PR - Este trabalho é composto por dez canções originais que contam com os músicos Jéssica Pina no trompete, Afonso Castanheira no contrabaixo e Mário Lopes na bateria, todos provenientes da escola do Jazz. O que é que estes músicos trouxeram para este disco ?

Luís Pucarinho - Eu sou um músico vindo da formação clássica, no entanto a música não tem fronteiras e o Jazz é uma linguagem musical onde o improviso faz parte. O improviso é uma capacidade musical que permite que cada momento musical possa ser diferente e desta forma, o público poderá desfrutar de momentos únicos e irrepetíveis. Por outro lado, vem a amizade e a competência. Escolho os músicos em função de boas relações e de resultados. Todos eles participam do processo criativo no que diz respeito aos arranjos e com a capacidade de improviso (de inventar no momento) surgem sempre mais soluções, do que, se tivesse que escrever tudo sozinho (como já aconteceu no passado). Assim sendo, os músicos sentem que o resultado também faz parte do seu
trabalho criativo, sentem o projecto também como seu.


PR - Numa frase como caracterizaria este “SaiArodada”?

Luís Pucarinho - Sai a rodada, “brindando numa dança” aos direitos da mulher no mundo.

PR - Qual é o tema que melhor caracteriza o “espírito” deste disco “?

Luís Pucarinho - O “espírito” do disco é traduzido por todos os temas no seu conjunto. A canção (pelo seu conteúdo literário) que posso dizer que resume melhor o que este disco simboliza é o tema “Gaia de Saia”.

PR - “SaiArodada” vai colaborar com a plataforma internacional "In place of war" cedendo uma parte das receitas do disco para os direitos da mulher em África. Quer falar-nos um pouco desta iniciativa?

Sim, esta parceria surgiu de um convite que me fizeram para dar formação musical e de produção na Republica do Congo (a lesados e refugiados de guerra) à imagem do que já havia feito em S.Tomé e Príncipe e em Timor, não a refugiados de guerra, mas conterrâneos com potencial para a recuperação de cultura local. Daí percebi que a instituição britânica “in place of war”, está ligada a várias instituições de caridade e apoio social, também contemplando os direitos da mulher, que nestes países estão agora a dar os primeiros passos. Assim sendo, como faz parte de mim fazer trabalhos sempre
com algum cariz social, decidi ceder parte das minhas receitas para este fim.

PR - Pela primeira vez assume neste disco a produção na íntegra (desde as gravações às misturas). Há alguma razão em especial para este facto?

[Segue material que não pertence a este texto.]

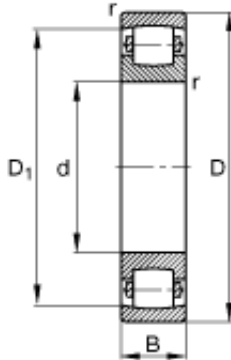

### 25 mm x 62 mm x 17 mm FAG 20305-TVP Spherical Rodamientos de rodillos

Bearing No. 20305-TVP

Size	25x62x17 mm
Bore Diameter	25 mm
Outer Diameter	62 mm
Width	17 mm
d	25 mm
D	62 mm
B	17 mm
$D_1$	51,9 mm
$D_{a \max}$	55 mm
$d_{a \min}$	32 mm
$r_{a \max}$	1 mm
$r_{\min}$	1,1 mm
m	0,243 kg / Weight
$C_r$	36000 N / Dynamic load rating (radial)
$C_{0r}$	34500 N / Static load rating (radial)
$n_G$	9800 1/min / Limiting speed
$C_{ur}$	3000 N / Fatigue limit load, radial

20305-TVP Bearing 2D drawings and 3D CAD models
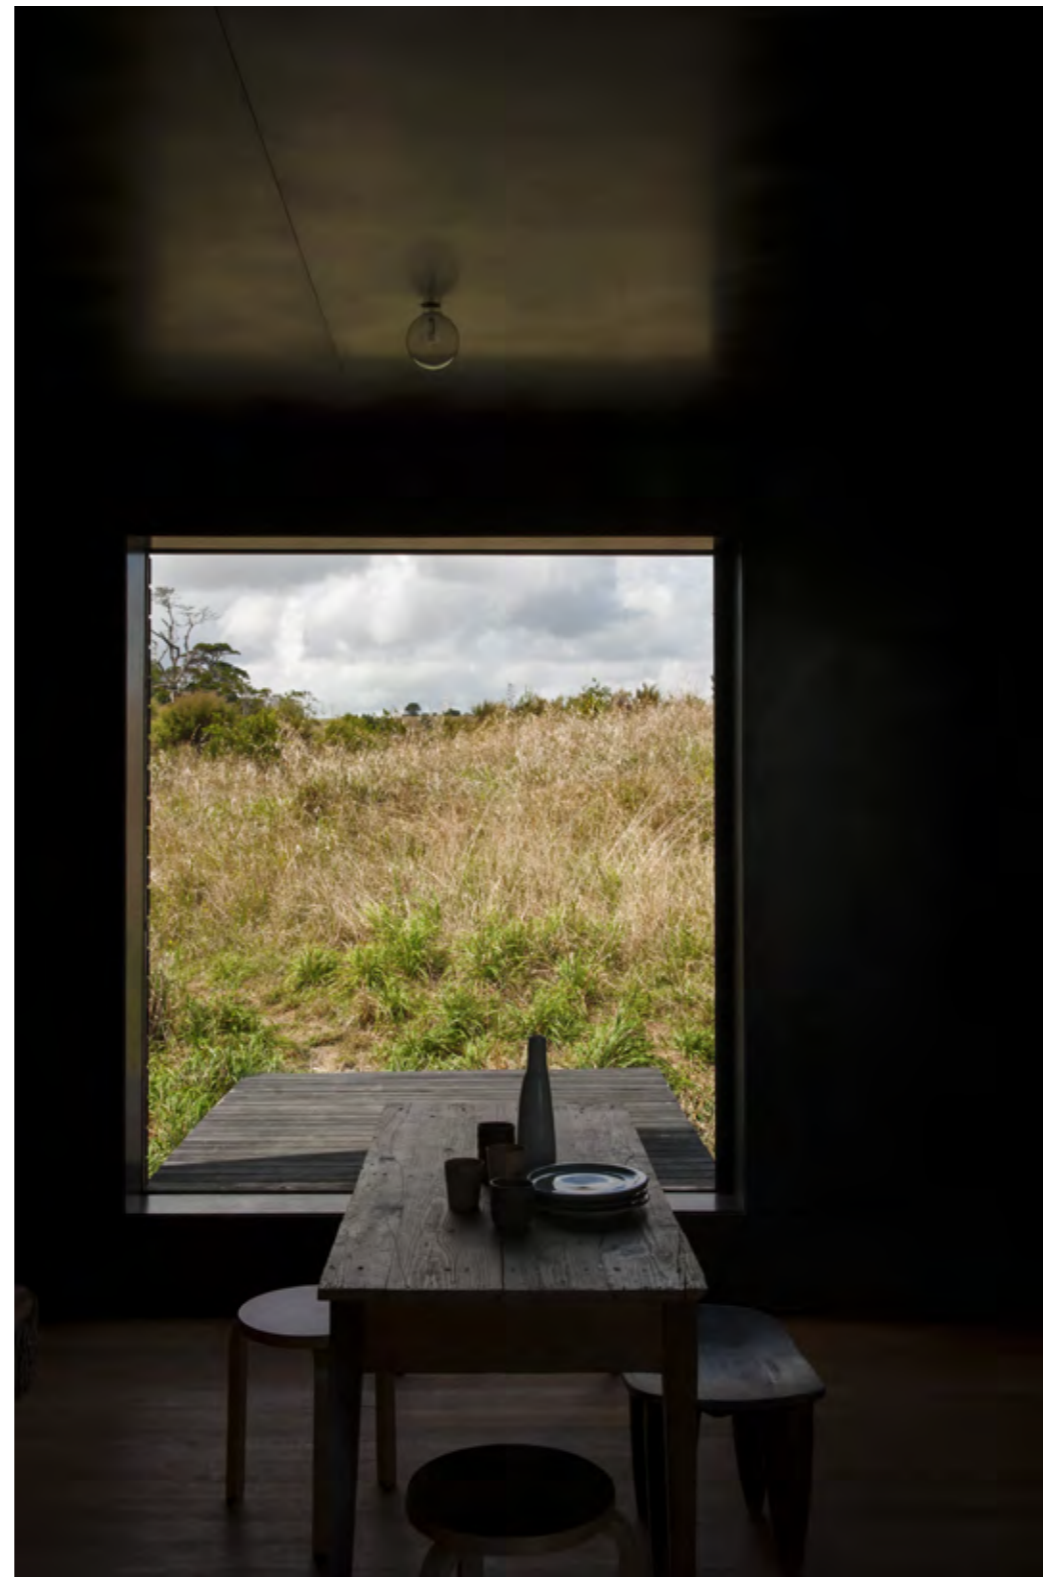

Collaborates with the mayor international magazines and clients within Design & Architecture.

Bolle Frosted Circular Chandelier with 14 Bubbles 35 Soffio Frosted Table

WINTER VANESSA

20

21

WINTER VANESSA  
16
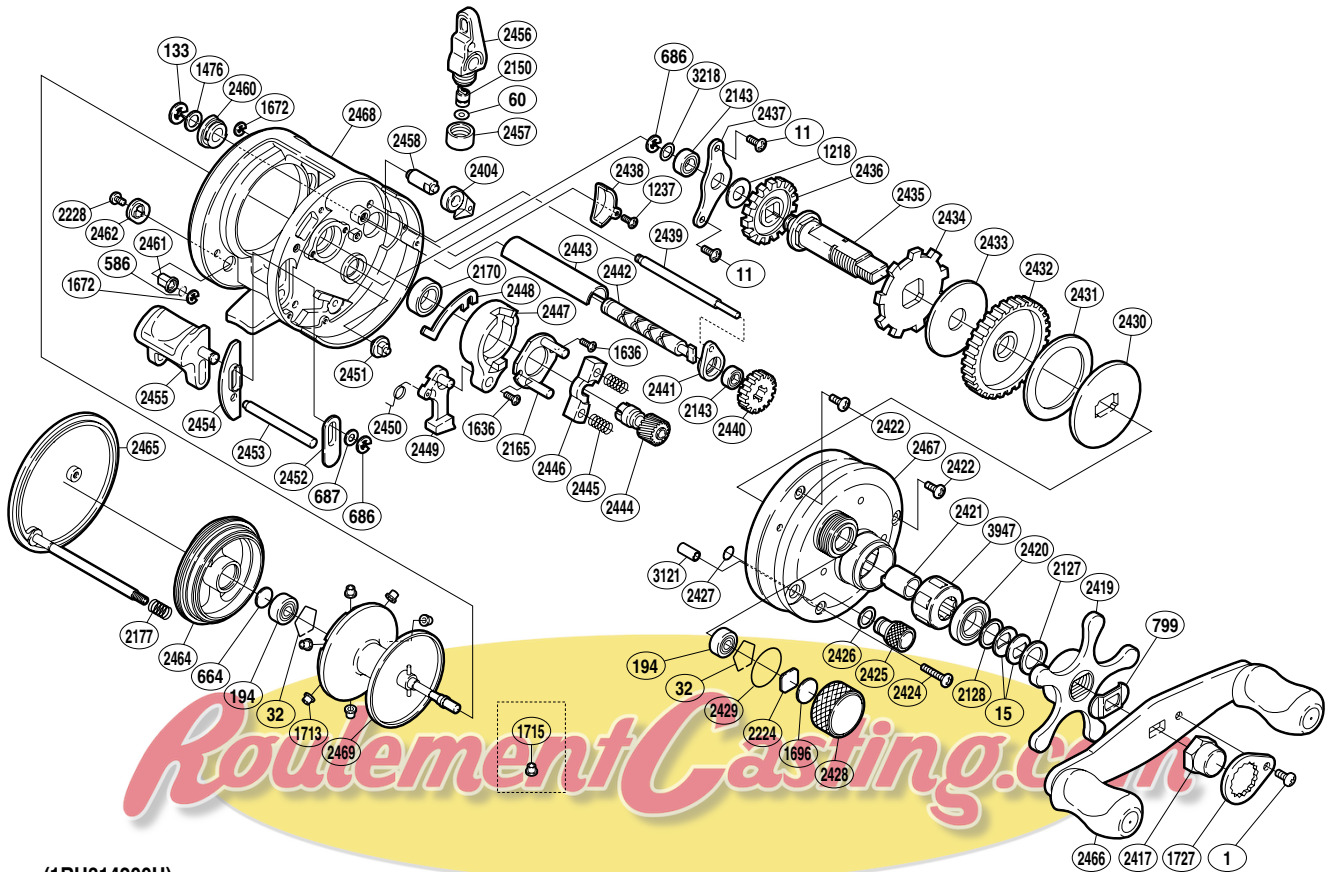

## CTE-200

(1RH314200U)

Part No.	Description	Part No.	Description	Part No.	Description
BNT0001	Handle Nut Plate Screw	BNT2228	Damper Guide Screw	BNT2445	Yoke Spring
BNT0011	Drive Shaft Retainer Screw	BNT2404	Anti-Reverse Pawl	BNT2446	Yoke
BNT0015	Drag Spring Washer	BNT2417	Handle Nut	BNT2447	Clutch Cam
BNT0032	Bearing Retainer	BNT2419	Star Drag	BNT2448	Clutch Plate
BNT0060	Spacer (optional)	BNT2420	Star Drag Bearing	BNT2449	Clutch Pawl
BNT0133	Worm Shaft Retainer	BNT2421	Roller Clutch Inner Tube	BNT2450	Clutch Pawl Spring
BNT0194	Ball Bearing	BNT2422	Right Side Plate Screw (short)	BNT2451	Set Pin
BNT0586	Bolt Retainer	BNT2424	Right Side Plate Screw (long)	BNT2452	Clutch Bar Guide (A)
BNT0664	Spacer (B)	BNT2425	Side Plate Open Nut	BNT2453	Clutch Bar Support
BNT0686	"E" Lock	BNT2426	Open Nut Washer	BNT2454	Clutch Bar Guide (B)
BNT0687	Spacer	BNT2427	"O" Ring	BNT2455	Quick-Fire II Clutch Bar
BNT0799	Friction Washer	BNT2428	Cast Control Cap	BNT2456	Line Guide
BNT1218	Idle Gear (A) Spacer	BNT2429	"O" Ring	BNT2457	Pawl Cap
BNT1237	Shield Screw	BNT2430	Key Washer	BNT2458	Anti-Reverse Pawl Pin
BNT1476	Worm Shaft Spacer	BNT2431	Drag Washer (C)	BNT2460	Worm Bushing (B)
BNT1636	Clutch Cam Screw	BNT2432	Drive Gear	BNT2461	Damper (A)
BNT1672	"E" Lock	BNT2433	Drag Washer (A)	BNT2462	Damper Guide
BNT1696	Cast Control Spacer (B)	BNT2434	Anti-Reverse Ratchet	BNT2464	Brake Case
BNT1713	Brake Collar (green)	BNT2435	Drive Shaft	BNT2465	Left Side Plate
BNT1727	Handle Nut Plate	BNT2436	Idle Gear (A)	BNT2466	Handle Assembly
BNT2127	Star Drag Spacer	BNT2437	Drive Shaft Retainer	BNT2467	Right Side Plate
BNT2128	Bearing Washer	BNT2438	Frame Shield	BNT2468	One-Piece Frame
BNT2143	Ball Bearing	BNT2439	Level Wind Guide	BNT2469	Spool Assembly
BNT2150	Line Guide Pawl	BNT2440	Idle Gear (C)	BNT3121	Side Plate Screw Collar
BNT2165	Clutch Cam Retainer	BNT2441	Worm Bushing (A)	BNT3218	Drive Shaft Washer
BNT2170	Ball Bearing	BNT2442	Worm Shaft	BNT3947	Roller Clutch Bearing
BNT2177	Left Side Plate Spring	BNT2443	Level Wind Guard		
BNT2224	Spool Tension Spacer (A)	BNT2444	Pinion Gear	BNT1715	Brake Collar (red)
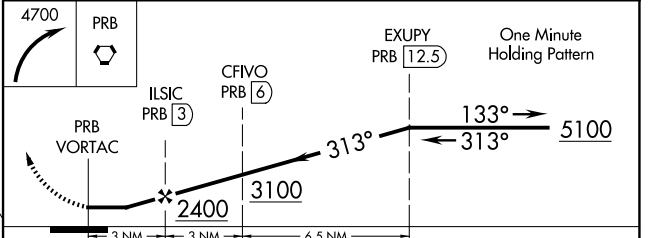

VORTAC PRB 114.3 Chan 90	APP CRS 313°	Rwy Ldg TDZE Apt Elev	N/A N/A 839

VOR-B
PASO ROBLES MUNI (PRB)

▽ ▲ DME required.	MISSED APPROACH: Climbing right turn to 4700 in PRB VORTAC holding pattern, continue climb-in hold to 4700.

ASOS 120.125	OAKLAND CENTER 128.7 307.0	UNICOM 123.0 (CTAF) 0

REIL Rwy 19
MIRL Rwy 13-31 **0**
HIRL Rwy 1-19 **0**

CATEGORY	A	B	C	D
CIRCLING	1560-1	721 (800-1)	1560-2 721 (800-2)	1720-3 881 (900-3)

SW-3, 16 APR 2026 to 14 MAY 2026

SW-3, 16 APR 2026 to 14 MAY 2026
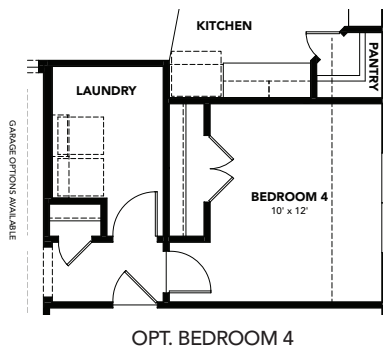

OPT. 2ND FLOOR GAME ROOM
*ONLY AVAILABLE ON ELEVATIONS M AND O

- * OPT. KITCHEN WITH BUILT-IN OVEN AND UPGRADED COOKTOP - SEE BLUEPRINTS
- * OPT. OWNER'S SHOWER SEAT AVAILABLE - SEE BLUEPRINTS
- * OPT. 42" X 42" OWNER'S SHOWER WITH SEAT AVAILABLE - SEE BLUEPRINTS
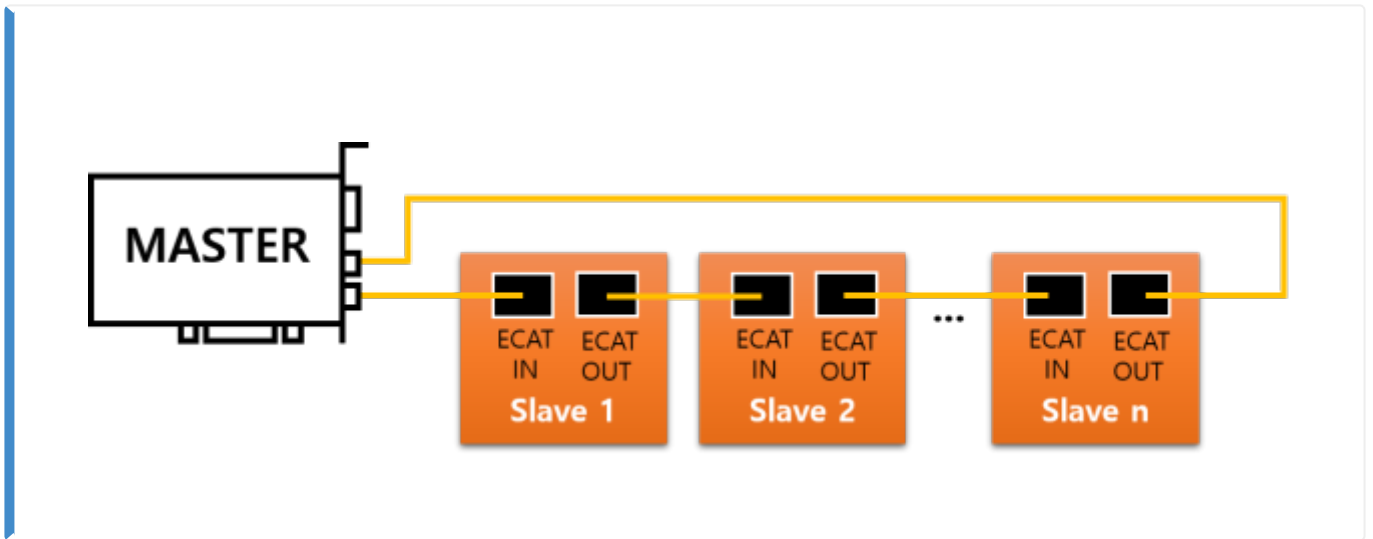

( ) ..... 1  
..... 1

( )

x Master Device

•

,

.

•

,

가

가

.

x Disconnect

, 2 , Master Data가

From:

<https://www.comizoa.com/info/> - -

Permanent link:

[https://www.comizoa.com/info/doku.php?id=platform:ethercat:1\\_setup:05\\_topology:30\\_ring&rev=1616052757](https://www.comizoa.com/info/doku.php?id=platform:ethercat:1_setup:05_topology:30_ring&rev=1616052757)

Luís Pucarinho - Nos discos anteriores, fiz sempre uma parte do trabalho, essencialmente a captação (gravação) e embora já tenha produzido mais de uma dezena de discos a outros artistas, achei sempre por bem, no que diz respeito à minha música, criar uma certa distância, sobretudo na fase final, nas misturas e masterização. Isto porque considero o processo de finalização deve ser tratado por alguém que ouça o disco como um ouvinte comum e que o finalize com essa percepção, a mesma que o público terá. Desta vez fui mais longe e assumi as misturas, por tratar-se de um disco com poucos músicos e onde praticamente toda a matéria prima gravada foi aproveitada, no entanto deixei as gravações da voz principal e a masterização entregues ao Fernando Nunes do estúdio “Pé de Vento”, para que uma segunda opinião com conhecimento de causa pudesse acrescentar mais valias ao resultado final.